(Recorded data)

------------------------------

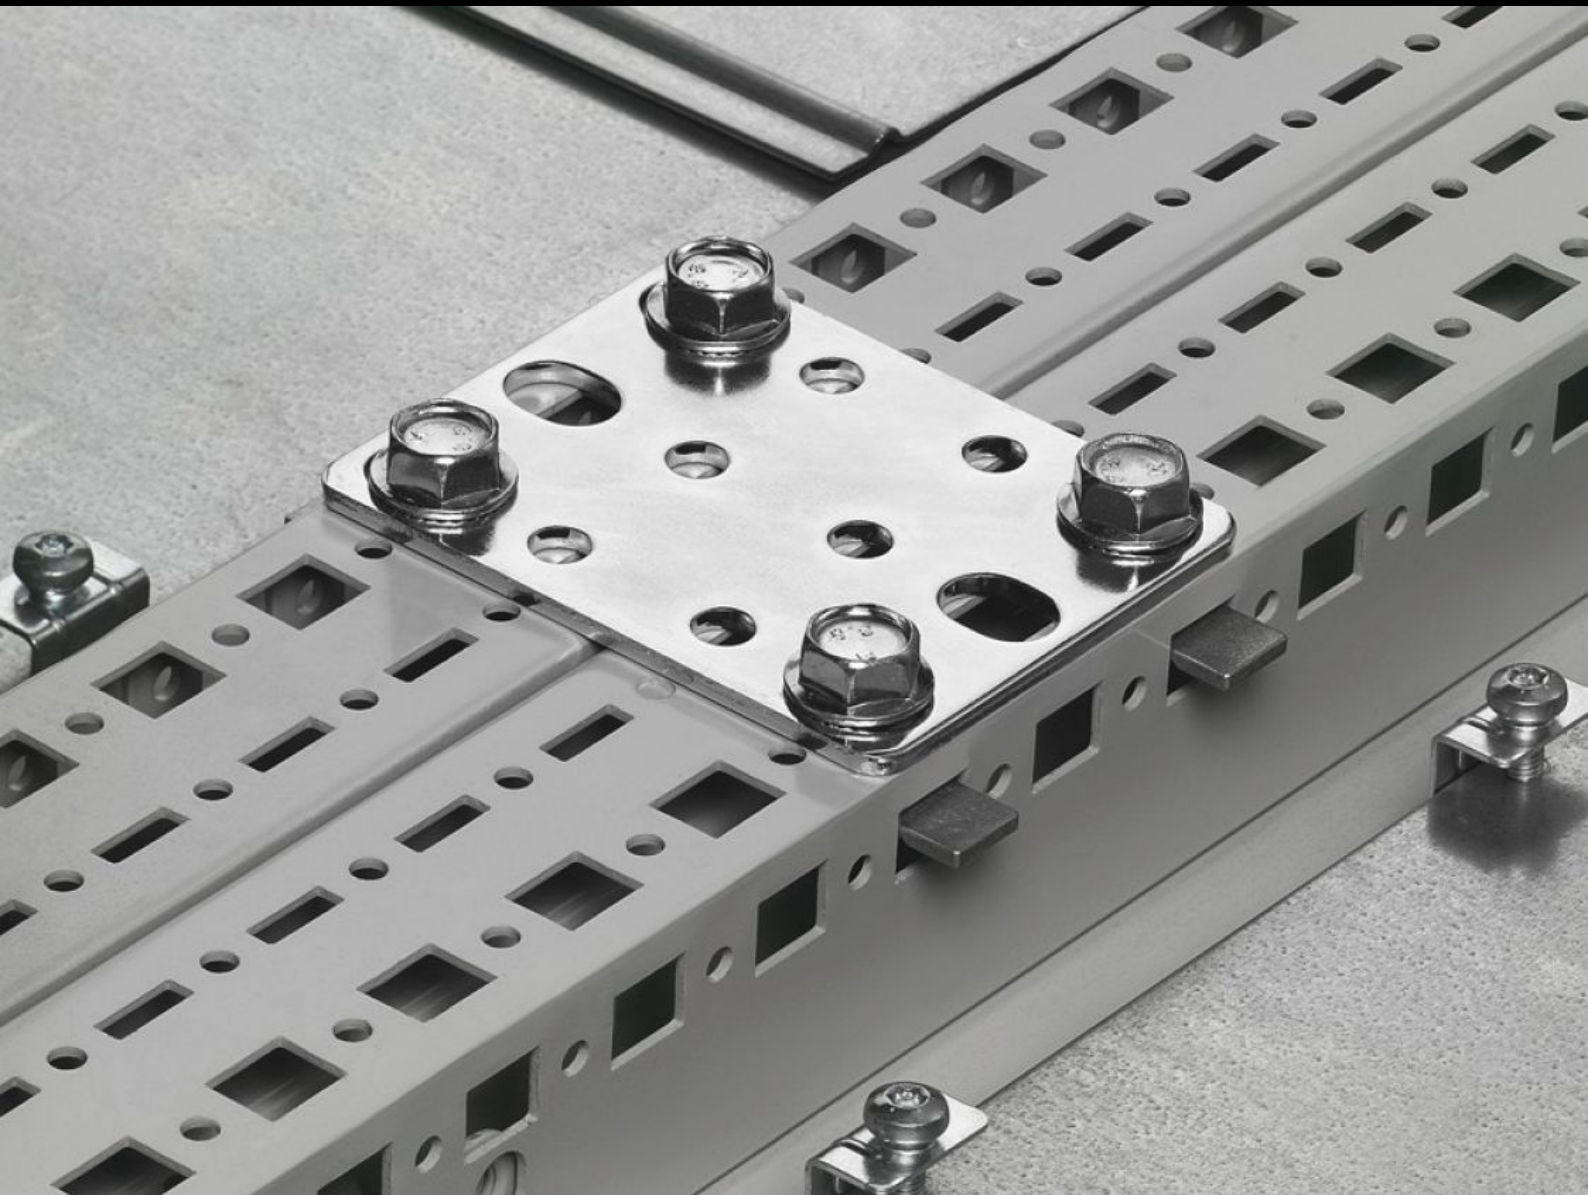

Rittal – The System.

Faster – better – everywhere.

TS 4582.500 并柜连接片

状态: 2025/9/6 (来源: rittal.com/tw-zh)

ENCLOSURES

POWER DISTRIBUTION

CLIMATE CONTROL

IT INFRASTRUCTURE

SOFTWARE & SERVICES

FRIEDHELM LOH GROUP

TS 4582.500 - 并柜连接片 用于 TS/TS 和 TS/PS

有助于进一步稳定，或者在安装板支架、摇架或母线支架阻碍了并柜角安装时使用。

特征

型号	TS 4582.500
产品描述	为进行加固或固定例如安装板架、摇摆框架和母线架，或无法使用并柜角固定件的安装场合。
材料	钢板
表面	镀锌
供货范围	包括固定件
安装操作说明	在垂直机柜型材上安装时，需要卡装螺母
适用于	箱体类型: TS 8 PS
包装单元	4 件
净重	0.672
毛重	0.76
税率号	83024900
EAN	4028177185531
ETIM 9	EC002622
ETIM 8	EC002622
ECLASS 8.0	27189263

------------------------------

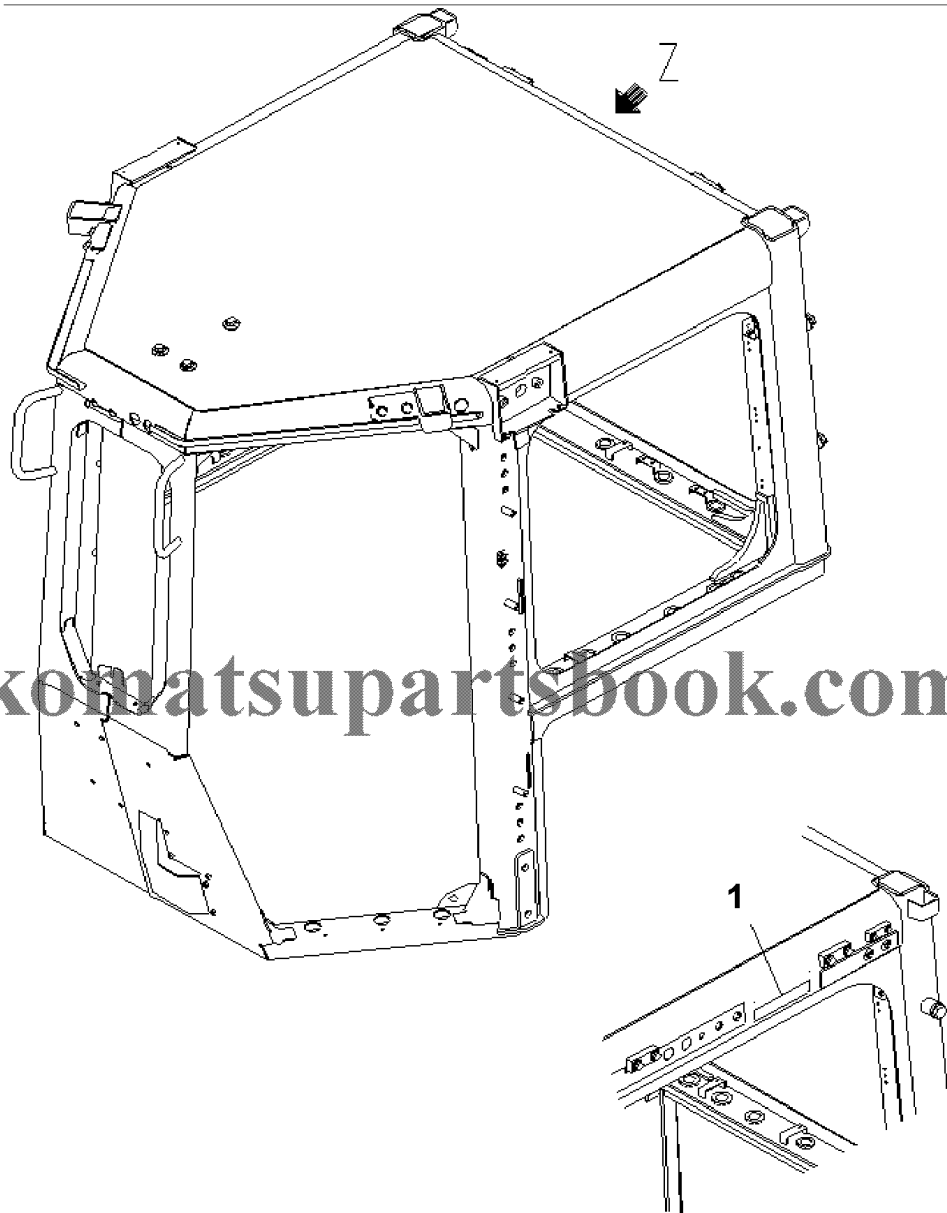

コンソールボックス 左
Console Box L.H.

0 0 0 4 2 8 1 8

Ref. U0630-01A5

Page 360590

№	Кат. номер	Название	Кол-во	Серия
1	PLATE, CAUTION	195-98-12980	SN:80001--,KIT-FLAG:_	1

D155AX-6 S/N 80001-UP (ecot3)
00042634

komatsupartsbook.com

------------------------------

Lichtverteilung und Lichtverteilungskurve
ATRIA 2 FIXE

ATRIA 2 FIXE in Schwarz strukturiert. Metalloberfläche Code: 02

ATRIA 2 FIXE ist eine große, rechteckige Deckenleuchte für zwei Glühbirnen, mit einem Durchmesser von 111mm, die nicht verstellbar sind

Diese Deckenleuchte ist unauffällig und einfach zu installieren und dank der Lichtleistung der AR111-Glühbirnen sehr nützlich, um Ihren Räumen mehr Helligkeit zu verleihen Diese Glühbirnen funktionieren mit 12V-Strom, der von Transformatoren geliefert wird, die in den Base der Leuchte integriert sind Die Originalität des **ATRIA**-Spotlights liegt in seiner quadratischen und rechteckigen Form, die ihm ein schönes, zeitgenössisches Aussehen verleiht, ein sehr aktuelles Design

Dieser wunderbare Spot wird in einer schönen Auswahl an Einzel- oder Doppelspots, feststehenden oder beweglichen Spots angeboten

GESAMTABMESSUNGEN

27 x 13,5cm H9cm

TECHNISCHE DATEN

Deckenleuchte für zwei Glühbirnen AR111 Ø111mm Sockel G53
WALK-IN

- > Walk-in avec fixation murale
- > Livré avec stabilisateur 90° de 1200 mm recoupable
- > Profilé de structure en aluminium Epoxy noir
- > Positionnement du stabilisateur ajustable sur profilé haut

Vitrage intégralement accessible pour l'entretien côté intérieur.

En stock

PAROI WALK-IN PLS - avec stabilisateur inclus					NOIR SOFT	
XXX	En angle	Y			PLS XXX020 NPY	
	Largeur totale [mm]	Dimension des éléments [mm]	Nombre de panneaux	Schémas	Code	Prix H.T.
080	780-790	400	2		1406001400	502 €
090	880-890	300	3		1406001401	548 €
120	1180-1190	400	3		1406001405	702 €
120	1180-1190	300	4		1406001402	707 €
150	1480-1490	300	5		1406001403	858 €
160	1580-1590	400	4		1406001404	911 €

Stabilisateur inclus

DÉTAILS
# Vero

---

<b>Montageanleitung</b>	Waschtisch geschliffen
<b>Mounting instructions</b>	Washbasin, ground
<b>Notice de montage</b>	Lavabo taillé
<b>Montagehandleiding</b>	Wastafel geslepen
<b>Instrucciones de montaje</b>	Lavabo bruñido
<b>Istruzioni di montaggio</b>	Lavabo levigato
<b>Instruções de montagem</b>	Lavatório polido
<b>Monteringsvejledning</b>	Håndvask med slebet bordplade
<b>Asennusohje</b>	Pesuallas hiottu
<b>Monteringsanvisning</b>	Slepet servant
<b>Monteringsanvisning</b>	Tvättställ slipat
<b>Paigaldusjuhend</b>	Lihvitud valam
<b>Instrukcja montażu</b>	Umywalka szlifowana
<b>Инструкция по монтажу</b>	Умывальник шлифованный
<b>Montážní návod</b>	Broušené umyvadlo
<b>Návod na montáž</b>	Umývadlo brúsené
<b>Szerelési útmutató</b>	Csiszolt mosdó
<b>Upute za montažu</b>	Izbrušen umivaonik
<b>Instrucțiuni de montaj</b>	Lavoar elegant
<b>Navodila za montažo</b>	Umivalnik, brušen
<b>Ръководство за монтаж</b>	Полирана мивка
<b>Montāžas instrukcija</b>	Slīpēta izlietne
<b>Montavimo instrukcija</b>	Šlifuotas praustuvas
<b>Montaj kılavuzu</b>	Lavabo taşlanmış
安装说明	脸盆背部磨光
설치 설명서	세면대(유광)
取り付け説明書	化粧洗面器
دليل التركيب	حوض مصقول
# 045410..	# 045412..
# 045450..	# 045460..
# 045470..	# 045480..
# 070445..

------------------------------

*EXERCISE DESCRIPTION*: Please report every line in the entries above that holds the string "FIXE".

*EXERCISE RESULT*:
ATRIA 2 FIXE
ATRIA 2 FIXE in Schwarz strukturiert. Metalloberfläche Code: 02
ATRIA 2 FIXE ist eine große, rechteckige Deckenleuchte für zwei Glühbirnen, mit einem Durchmesser von 111mm, die nicht verstellbar sind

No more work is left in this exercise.